Abstract

Analyzing three-player quantum games in an EPR type setup

James M. Chappell, Azhar Iqbal, Derek Abbott

1 School of Chemistry and Physics, University of Adelaide, South Australia, Australia

2 School of Electrical and Electronic Engineering, University of Adelaide, South Australia, Australia

E-mail: james.m.chappell@adelaide.edu.au

Abstract

We use the formalism of Clifford Geometric Algebra (GA) to develop an analysis of quantum versions of three-player non-cooperative games. The quantum games we explore are played in an Einstein-Podolsky-Rosen (EPR) type setting.
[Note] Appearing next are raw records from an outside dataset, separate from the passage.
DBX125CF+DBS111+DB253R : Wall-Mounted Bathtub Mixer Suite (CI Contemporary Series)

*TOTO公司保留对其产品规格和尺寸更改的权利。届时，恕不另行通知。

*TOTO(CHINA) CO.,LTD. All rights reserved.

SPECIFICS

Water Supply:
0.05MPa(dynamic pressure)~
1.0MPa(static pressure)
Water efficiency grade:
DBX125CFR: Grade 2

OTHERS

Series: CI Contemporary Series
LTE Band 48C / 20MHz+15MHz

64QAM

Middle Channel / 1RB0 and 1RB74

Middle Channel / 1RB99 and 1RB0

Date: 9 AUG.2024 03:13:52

In this setting, the players’ strategy sets remain identical to the ones in the mixed-strategy version of the classical game that is obtained as a proper subset of the corresponding quantum game. Using GA we investigate the outcome of a realization of the game by players sharing GHZ state, W state, and a mixture of GHZ and W states. As a specific example, we study the game of three-player Prisoners’ Dilemma.

Introduction

The field of game theory [1, 2] has a long history [3], but was first formalized in 1944 with the work of von Neumann and Morgenstern [4], aiming to develop rational analysis of situations that involve strategic interdependence.
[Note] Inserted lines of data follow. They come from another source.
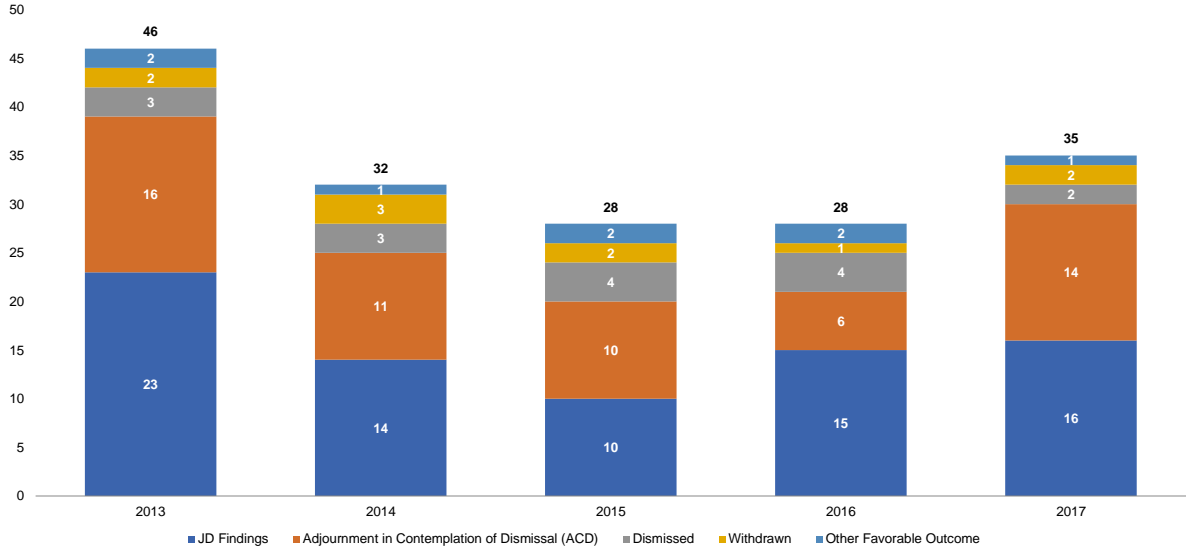

# Jefferson County for 2013-2017

Prepared by NYS Division of Criminal Justice Services,  
Office of Justice Research and Performance  
May 15, 2018

Processing Stage Overview by Year

\*\*\*

**Initial JD Petitions Disposed (Number)**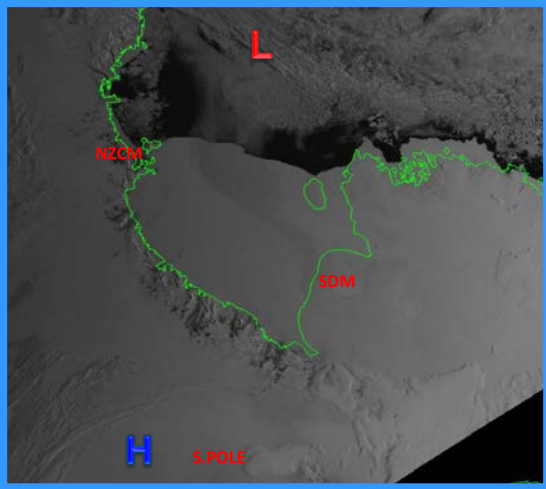

A.O.P.B. WEATHER OUTLOOK

December 11, 2020

	Friday 11-Dec	Saturday 12-Dec	Sunday 13-Dec	Monday 14-Dec
PHOENIX (1000/3)	BR CIG	FZFG	SN	CIG
South Pole (1500/3)		IC CIG		SG BR CIG
SDM (1500/3)	VCFG CIG			
WAIS (1500/3)			BLSN	

Satellite
Blackout Times
Above Minimums
Marginal
Below Minimums

CIG: Ceiling FG: Dense Fog BR: Light Fog
IC: Ice Crystals BLSN: Blowing Snow SN: Snow
SG: Snow Grains

Satellite

00L 06L 12L 18L 24L

Tonight

Saturday

Classical game theory has found increasing expression in the field of physics [3] and its extension to the quantum regime [5] was proposed by Meyer [6] and Eisert et al [7], though its origins can be traced to earlier works [8, 9, 10, 11]. Early studies in the area of quantum games focused on the two-player two-strategy non-cooperative games, with the proposal for a quantum Prisoners’ Dilemma (PD) being well known [7]. A natural further development of this work was its extension to multiplayer quantum games that was explored by Benjamin and Hayden [12]. Du et al. [13, 14] explored the phase transitions in quantum games for the first time that are central in the present article.

The usual approach in three-player quantum games considers players sharing a three-qubit quantum state with each player accessing their respective qubit in order to perform local unitary transformation. Quantum games have been reported [15] in which players share Greenberger-Horne-Zeilinger (GHZ) states and the W states [5], while other works have, for instance, investigated the effects of noise [16, 17] and the benefits of players forming coalitions [18, 19].

A suggested approach [20, 21, 22, 23] in constructing quantum games uses an Einstein-Podolsky-Rosen (EPR) type setting [24, 25, 26, 27, 28, 29, 30, 31]. In this approach, quantum games are setup with an EPR type apparatus, with the players’ strategies being local actions related to their qubit, consisting of a linear combination (with real coefficients) of (spin or polarization) measurements performed in two selected directions.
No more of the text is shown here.